Responding to questions in a media call, CEO Ivan Glasenberg and Steve Kalmin, the firm’s CFO, said the decision to cap coal production was in the interests of the company as well as environmental, social and governmental (ESG) requirements.

Asked if Glencore was making any sacrifice at all, considering it wasn’t intending to make new green field investments in coal whilst putting merger and acquisition (M&A) activity on the back burner group-wide, Glasenberg said: “We do have green field opportunities of significant size that we could do that we won’t be doing in the future”.

There was, though, a strong commercial angle. Glasenberg said there would be upward pressure on the thermal coal price which grew at a rate of 6% last year by dint of the emergence of developing market demand in Bangladesh, Vietnam and Pakistan. Exports from South Africa might also be stunted owing to a supply deficit to Eskom.

Said Kalmin: “It’s important that people can think three or five years out and see that Glencore is not just a coal company. It is a diversified company”. Glasenberg added the group was unconcerned about the prospect of creating stranded coal assets.

Glencore’s 145 million tonnes in coal production for the 2018 financial year contributed the most to earnings before interest, tax, depreciation and amortisation (EBITDA), at $5.4bn or 34% of group EBITDA. At $4.4bn, copper production was next contributing 28% to overall group EBITDA.
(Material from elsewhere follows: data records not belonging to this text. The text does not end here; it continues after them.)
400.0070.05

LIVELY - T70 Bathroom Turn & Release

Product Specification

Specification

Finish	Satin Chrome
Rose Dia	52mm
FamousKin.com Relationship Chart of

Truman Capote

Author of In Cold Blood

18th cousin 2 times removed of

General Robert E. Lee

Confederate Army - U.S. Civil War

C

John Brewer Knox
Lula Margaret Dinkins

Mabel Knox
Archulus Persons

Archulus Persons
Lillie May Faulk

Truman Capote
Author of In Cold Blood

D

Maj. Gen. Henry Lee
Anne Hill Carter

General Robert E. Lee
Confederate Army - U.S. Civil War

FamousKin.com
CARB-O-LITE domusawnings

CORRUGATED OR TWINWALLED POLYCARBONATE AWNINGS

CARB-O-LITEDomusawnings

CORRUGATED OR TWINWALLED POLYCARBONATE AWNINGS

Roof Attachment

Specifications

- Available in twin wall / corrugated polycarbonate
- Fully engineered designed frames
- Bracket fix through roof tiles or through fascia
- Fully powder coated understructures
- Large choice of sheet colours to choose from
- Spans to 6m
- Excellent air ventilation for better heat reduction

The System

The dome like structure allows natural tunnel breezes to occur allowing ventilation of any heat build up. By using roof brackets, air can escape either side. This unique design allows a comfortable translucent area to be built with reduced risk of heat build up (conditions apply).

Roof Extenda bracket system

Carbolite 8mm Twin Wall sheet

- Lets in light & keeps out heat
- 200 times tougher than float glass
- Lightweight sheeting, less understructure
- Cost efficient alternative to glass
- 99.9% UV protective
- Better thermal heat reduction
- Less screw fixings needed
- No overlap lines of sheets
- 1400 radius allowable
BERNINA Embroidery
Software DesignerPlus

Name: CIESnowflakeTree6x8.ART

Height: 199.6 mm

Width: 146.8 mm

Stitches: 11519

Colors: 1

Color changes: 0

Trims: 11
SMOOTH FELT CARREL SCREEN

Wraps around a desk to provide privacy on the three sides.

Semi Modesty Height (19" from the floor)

“We had a lot of exchanges with shareholders and we agreed that this made sense,” said Glasenberg. “We believe as a company that’s what we should be doing. We believe it’s in the best interests of the company and from and ESG view and climate change,” he said.

Banking institutions and investors globally have decided not to invest in new thermal coal production owing to the climate change impacts of burning the fuel. In South Africa, the latest bank to turn its back on new thermal coal is Nedbank, one of the big five bankers.
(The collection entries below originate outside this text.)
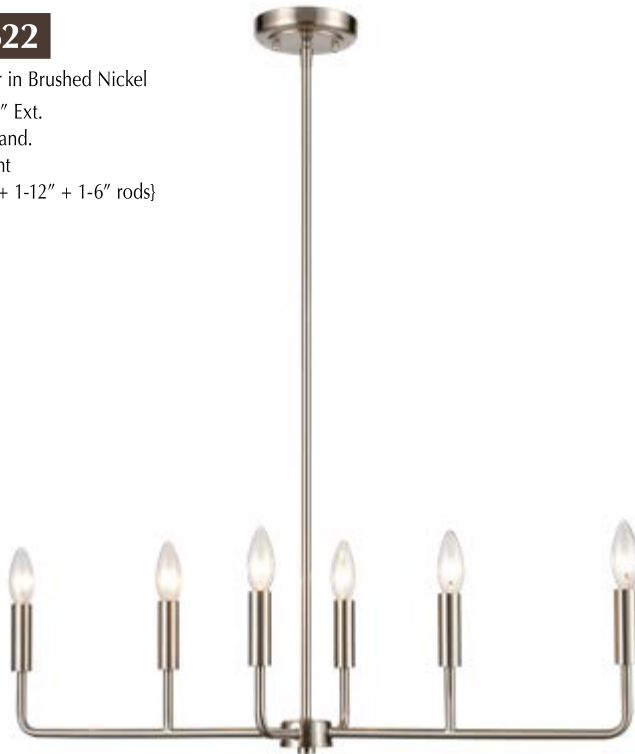

CN330822

8 light chandelier in
Brushed Nickel
39"W x 7"H x 11" Ext.
8 lights x 60W Cand.
44" Overall height
{12' wire}
{1-18" + 1-12" + 1-6" rods}

CN330422

4 light chandelier in Brushed Nickel
25"W x 7"H
4 lights x 60W Cand.
44" Overall height
{12' wire} {1-18" + 1-12" + 1-6" rods}

CN330622

6 light chandelier in Brushed Nickel
31"W x 7"H x 11" Ext.
6 lights x 60W Cand.
44" Overall height
{12' wire} {1-18" + 1-12" + 1-6" rods}

PARK SLOPE

CN330482

4 light semi flush in Brushed Nickel
15"W x 10"H
4 lights x 60W Cand.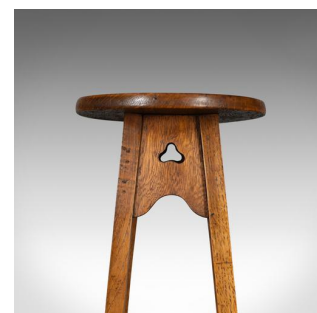

## Antique Plant Stand, Arts & Crafts, Torchere, Liberty Taste, Oak, Circa 1910

### DESCRIPTION

Our Stock # 18.5181

This is an antique plant stand, an Arts & Crafts torchere in the Liberty taste. Crafted in English oak and dating to circa 1910 in the Edwardian period.

- Liberty-esque in its simplicity and quality
- Beautifully crafted in select English oak
- Appealing biscuit tones in a wax polished finish
- Grain interest and a desirable aged patina
- Circular top featuring a drip recess to the border
- Deep, shaped aprons; pierced with trefoil detail
- Raised on splayed, square section legs
- United by a platform, lower tier stretcher

A super Arts & Crafts antique plant stand. Solid joints and construction, delivered waxed, polished and ready for the home.

Search [London Fine for #18.5181](#) , or scan the QR code for more photos and details

### DIMENSIONS

Max Width: 28cm (11")

Max Depth: 28cm (11")

Max Height: 90.5cm (35.75")

Top Diameter: 23.5cm (9.25")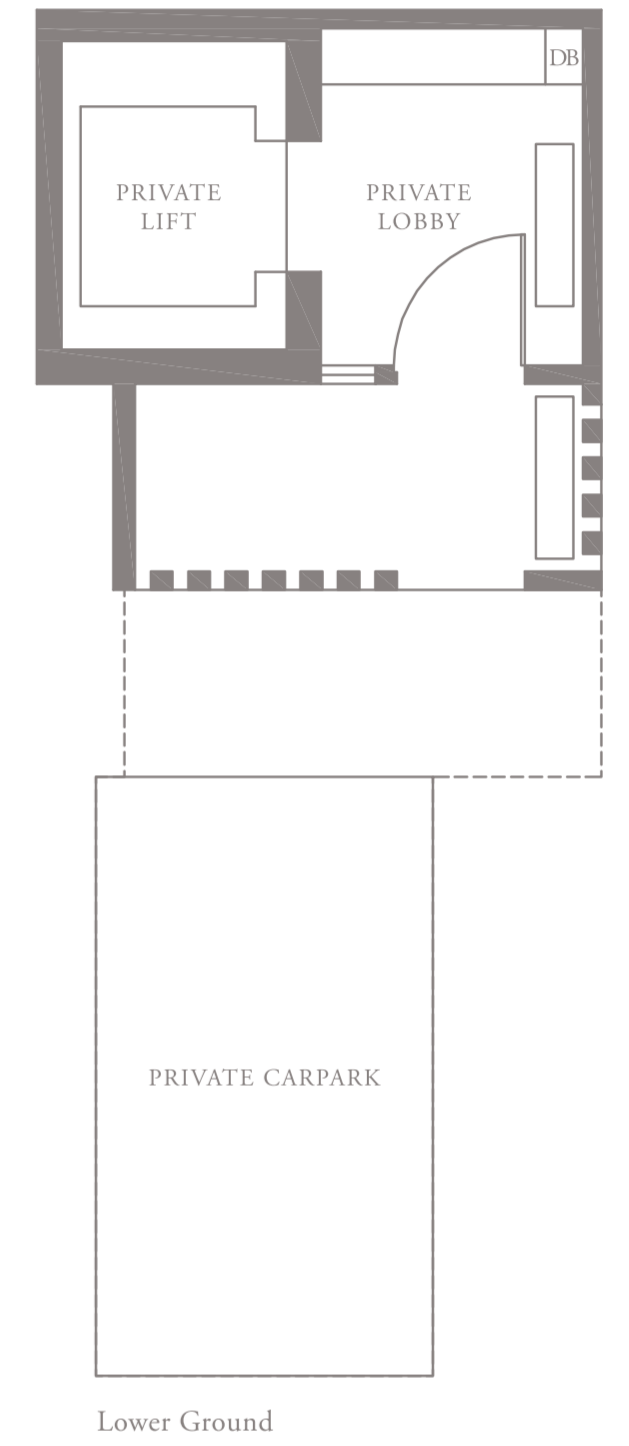

Lower Ground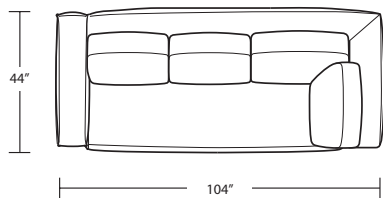

LAF Sofa with Return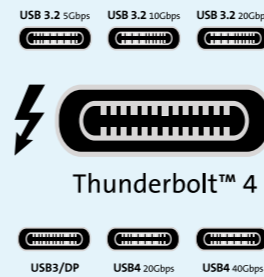

SD5700T Thunderbolt™ 4 Dual 4K Docking Station

K35175EU

Backwards compatible with Thunderbolt™ 3 MacBooks running macOS 11 (Big Sur*) or later, the SD5700T supports Thunderbolt™ 3, Thunderbolt™ 4, USB-C® and USB4™ accessories and provides full Power Delivery, regardless of how many devices are connected.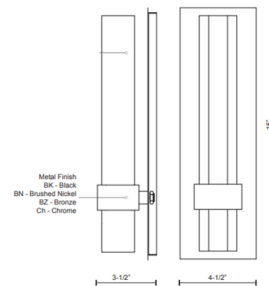

Lightology

lightology.com
866-954-4489
06-04-26

Project: _____

Company: _____

Location: _____ Fixture Type: _____

SPEC #: **KZC539767**

Approved On: _____ Approved By: _____

Warwick Wall Sconce By Kuzco Lighting

Description

The Warwick Wall Light has a bold, dazzling design to it. A slender hexagonal shaped Clear Bubble encased Crystal diffuser sparkles a unique pattern against the wall and lights up the surrounding area evenly. Finished in Brushed Nickel, Bronze, Black or Chrome. ADA compliant. ETL listed.

Specifications

COLOR . . . . . Clear Bubble
BODY FINISH . . . . . Brushed Nickel
WATTAGE 10W
DIMMER . . . . . Low Voltage Electronic
DIMENSIONS . . . . . 4.5"W x 15"H x 3.5"D
INTEGRATED LED MODULE . . . . . 1 x LED/10W/120V LED

Technical Information

LAMP LIFE . . . . . 50000 hours
COLOR RENDERING . . . . . 90 CRI
LAMP COLOR 3000K
LUMENS/WATT 35.40
LUMINOUS FLUX . . . . . 354 lumens

Shown in brushed nickel / clear bubble

CLICK TO VIEW PRODUCT

Notes:

In a presentation to analysts, Glasenberg said that thermal coal would “stay in the pot” as it was highly cash generative and required little capital expenditure.

DRC

Glasenberg said the group had hopes that the installation of a new president in Felix Tshisekedi in the Democratic Republic of Congo (DRC) would lead to renewed negotiations regarding changes to the country’s mining code last year.

The current dispensation imposes higher duties and a super-profit tax on copper and cobalt production, as well as other minerals, and fails to recognise stabilisation agreements from an earlier version of the mining code. Glasenberg said this was unacceptable.
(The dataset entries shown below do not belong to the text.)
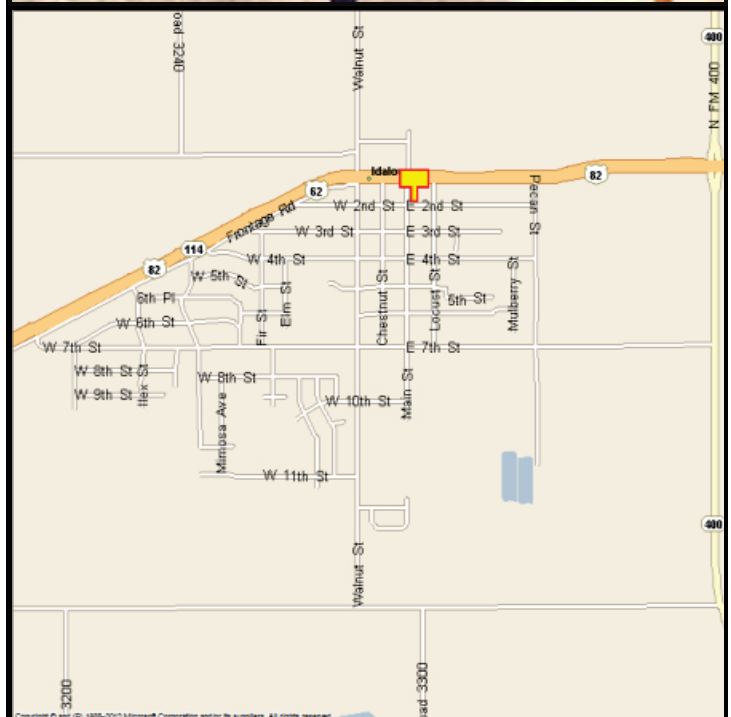

LUBBOCK, LUBBOCK COUNTY, TEXAS

MARKET:

Great billboard to advertise local business in Idalou. This board will also catch all westbound traffic headed toward Lubbock.

LOCATION:

SE corner of Hwys 82/62 and Main Street - Idalou

HIGHWAY:

82/62

ORIENTATION:

Side of Pavement - South
For Traffic - Westbound

FACE:

Position - Cross Read
Size - 6 x 12
Lights - No

TERM:

12, 24 & 36 Months

GPS:

Latitude: 33.6663
Longitude: -101.6803

WEEKLY IMPRESSIONS:

68,500

PANEL ID:

ATLU-1C (Top)
ATLU-1D (Bottom)

For More Information, Please Call
877.583.3801

E-mail - sales@lookoutdoor.biz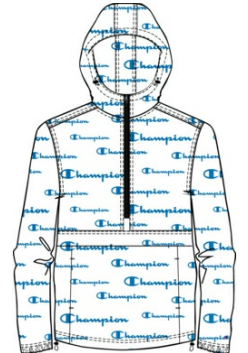

PACKABLE JACKET
 Style #: V1012550743
 Color: C GOLD
 Color Code: BYC
 Wholesale: \$18.10
 M.S.R.P.: \$45.00
 Delivery: New - 1/13

PACKABLE JACKET - AOP
 Style #: V1012P
 Color: SOLID SCRIPTS NAVY
 Color Code: C72
 Wholesale: \$22.10
 M.S.R.P.: \$55.00
 Delivery: New - 1/13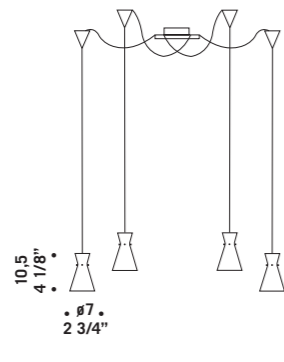

MEMORY XXS S4D
4x20W-12V G4
HSGST/UB
alogeno bispina
halogen bi-pin
trasformatore elettronico
cavo elettrico 200 cm
electronic transformer
cables length 200 cm

“We haven’t engaged yet [with the new president]. We are hoping that the government will entertain negotiations, but we don’t know who the new mines minister is or if it will be the previous minister (Martin Kabwelulu appointed under previous president Joseph Kabila). We do wish to negotiate,” he said.

These comments echo the hopes of Mark Bristow, CEO of Barrick Corporation and AngloGold Ashanti CEO, Kelvin Dushnisky who said renegotiation was possible. Asked if Glencore would press ahead with legal action in the International Court of Arbitration in the event negotiations were not restarted, Glasenberg said: “We will consider arbitration”.

Glencore had previously suggested a sliding scale of royalties which simultaneously acknowledged 76% of the new mining code. One of the stipulations of the DRC’s mining code is that royalties on cobalt, a mineral that is a vital component in manufacture of electric car batteries, increases fivefold to 10%.